Perl: Processing a CSV or Tab-Delimited File into a Hash of Hashes
Perl is a great language when it comes to processing data. The biggest reason is because its powerful regular expression support makes it easy to find the data you’re looking for.
When you have a file that is in CSV (comma-delimited), tab-delimited, or some other delimited format, Perl is the perfect option for reading in the file and doing something with its data. In this example we will store it into a hash of hashes.
Let’s jump right into the code.
First, we initialize an empty hash where we’ll store the data, then open the file for reading:
%file_data = (); unless (open (IN, "tab_file.txt")) { print "ERROR: Could not open input file tab_file.txt: $!\n"; exit; }
Now we will read in each line in the file:
while ($line = <IN>) {
Get rid of the ending newline:
chomp($line);
Here’s the key to getting the data on the line. We’re splitting the line (here on the tab character, but it can be any character) into parts and storing those parts into an array:
@line_info = split(/\t/, $line);
Let’s say the key field to the line’s information is in the first field, so we store that temporarily:
$key_fld = $line_info[0];
Now we’re going to iterate through the tab-delimited fields from the line and store them into a hash of hashes for easy retrieval later on. The first line here is converting the array into a reference. The second line is then iterating through that array reference. The line inside the loop stores each field into a hash of hashes: the first key field is the first field on the line, which we defined above, and the second key is just the number of the field. (This might not be the most practical way to store the data, but you get the idea.)

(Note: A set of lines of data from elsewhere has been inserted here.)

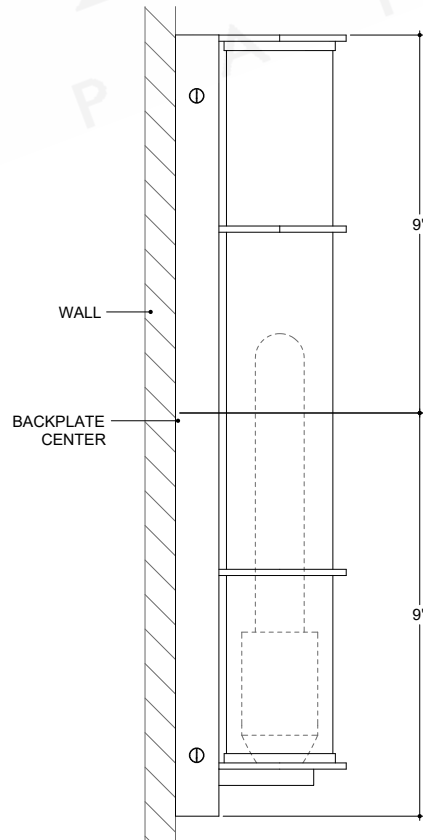

ITEM: 5800-0061

Overall Dimensions

Height: 18"

Width: 5"

Depth: 4.125"

TOP VIEW

FRONT VIEW

SIDE VIEW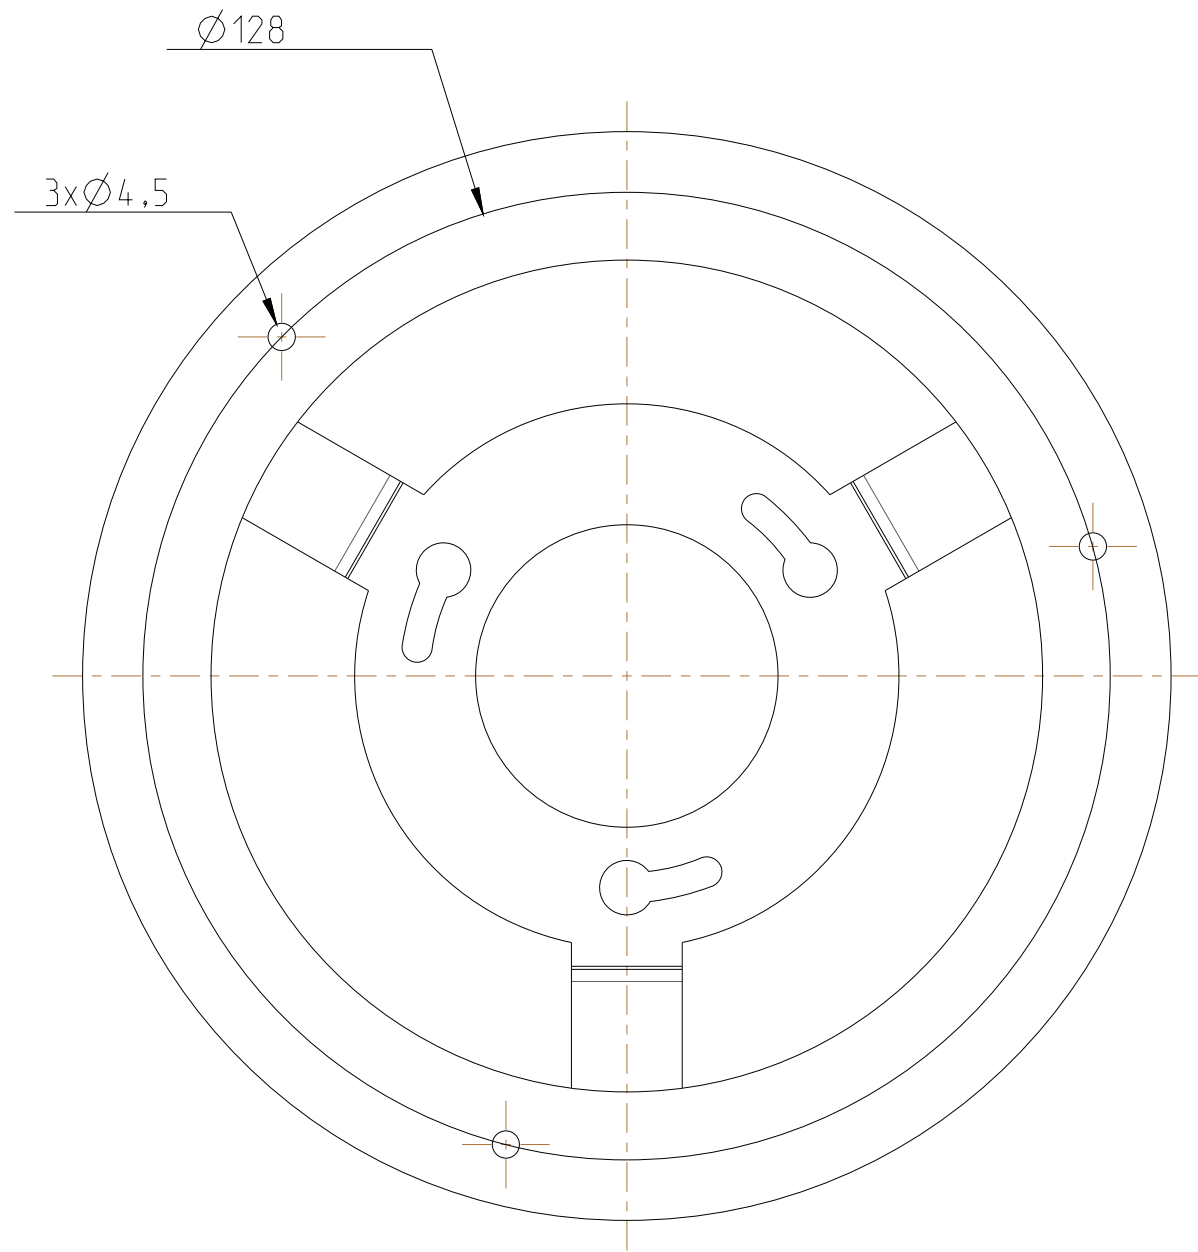

AXIS 231D/232D - Network Dome Camera

2 DEC, 2005

AXIS 231D/232D - Network Dome Camera

2 DEC, 2005

AXIS 231D/232D - Network Dome Camera

2 DEC, 2005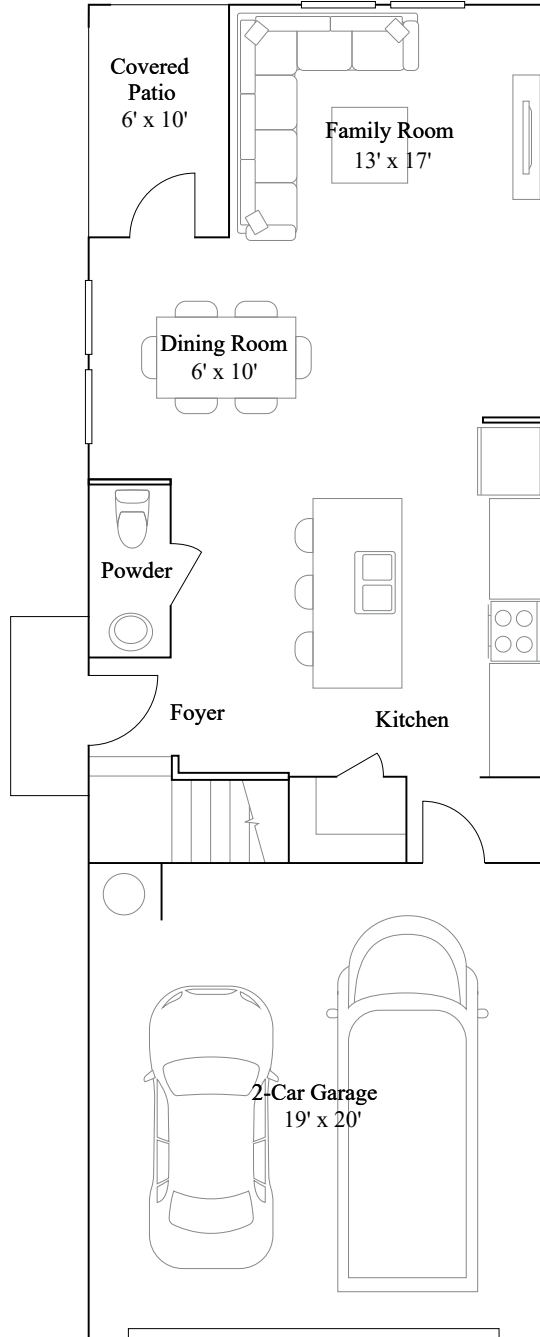

1st Floor

Vivid

3 bd · 2 ba · 1 half ba · 1,835 ft²

From \$314,990

(Prices as of July 8, 2025. All subject to change.)

2nd Floor

Vivid

3 bd · 2 ba · 1 half ba · 1,835 ft²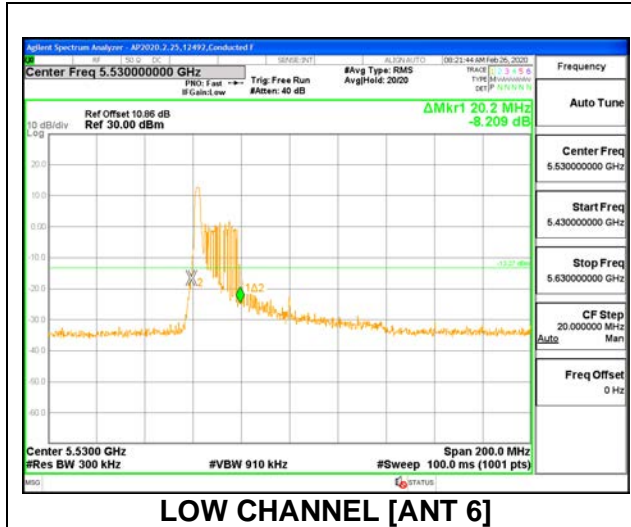

2TX ANT 6 + ANT 5 OFDMA MODE: 26 Tones, RU Index 0

Channel	Frequency (MHz)	26 dB Bandwidth Antenna 6 (MHz)	26 dB Bandwidth Antenna 5 (MHz)	99% Bandwidth Antenna 6 (MHz)	99% Bandwidth Antenna 5 (MHz)
Low	5530	20.20	19.40	18.097	18.063
High	5610	19.20	19.60	18.093	18.138
138	5690	19.60	20.20	18.156	18.067

LOW CHANNEL 26dB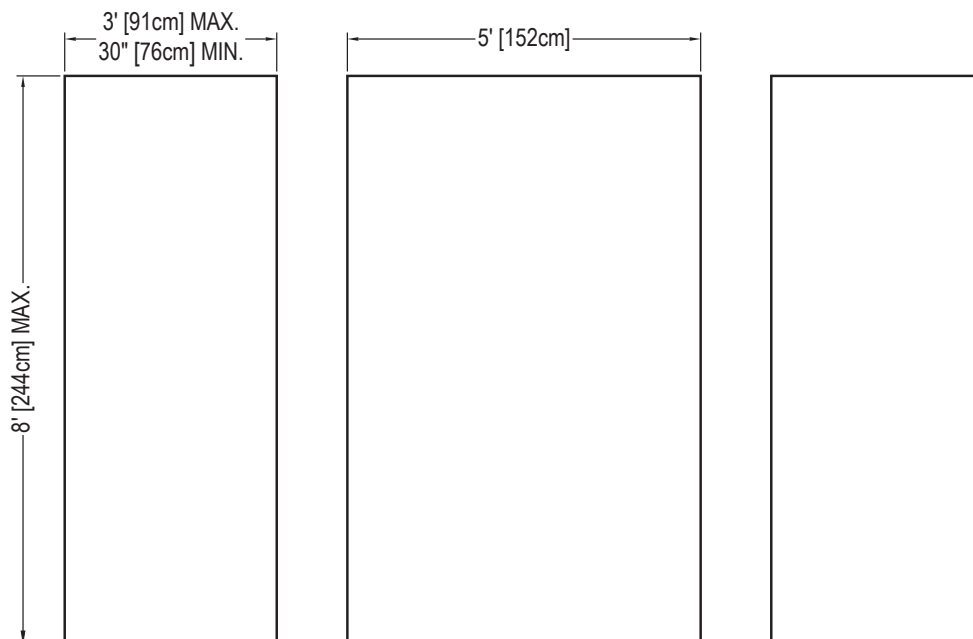

BASIC TIMELESS SERIES

Standard 3-Piece Cultured Marble Panel Specifications

- PRODUCT:** Panel system
- SERIES:** Timeless
- MODEL:** Basic (AC-TS0000B)
- APPLICATION:** Shower Surrounds
- PATTERN:** Smooth Plane Surface
- THICKNESS:** 1/4 in (6mm)
- COLOR:** Options Available See Sample Sheet
- FINISH:** Matte or Gloss
- MATERIAL:** Solid One-Piece Cultured Marble
- INSTALLATION:** Refer to Installation Guide
- ATTRIBUTES:** Permanently Sealed Surface
Mold and Mildew Resistance
Easy Install
Easy Maintenance

3-PIECE PANEL DIMENSIONS:

Architectural Concepts

888.248.2724
720.259.5358
info@archconceptsllc.com

18499 Longs Way, Suite 102
Parker, CO 80134

archconceptsllc.com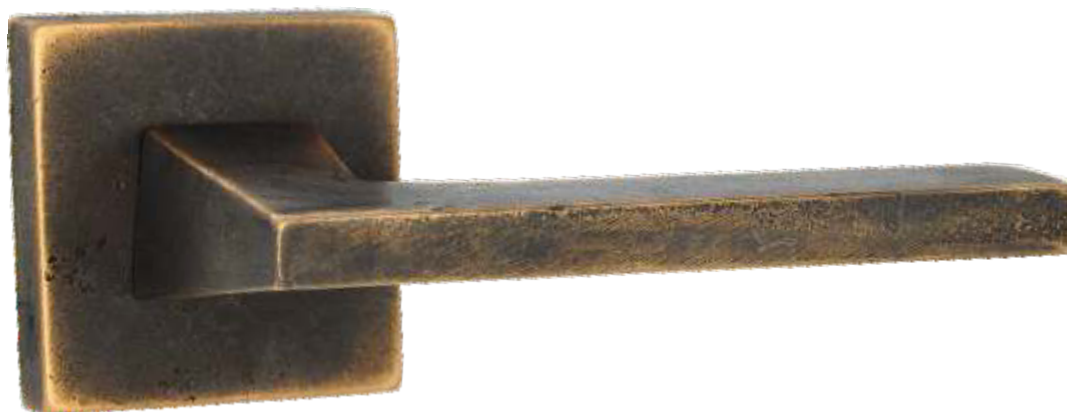

LATUS

MANIGLIA PER PORTA - DOOR HANDLE

MG2402

Maniglia su placca
Handle on plate

Maniglie per finestra
Window handle

MG2401

MG2403

Bronzo scuro <i>Dark bronze</i>	51	
Verde antico <i>Old green</i>	52	
Argentato <i>Silver</i>	53	
Bronzo chiaro <i>Light bronze</i>	54	
Nichel anticato <i>Nickel aged</i>	55	
Bronzo nero <i>Black bronze</i>	56	
Bronzo notte <i>Night bronze</i>	57	
Champagne VR <i>Champagne VR</i>	58

$line_info = \@line_info; for ($i = 0; $i <= $#$line_info; $i++) { $file_data{$key_fld}{$i} = $line_info->[$i]; } }
We close our input file, since we’re done reading it:
close(IN);
Now if we want to iterate through the hash of hashes we created with the data, we can do something like this:
foreach $key (keys %file_data) { print "Key field: $key\n"; foreach $key2 (keys %{$file_data{$key}}) { print "- $key2 = $file_data{$key}{$key2}\n"; } }
And that’s it–we’re done!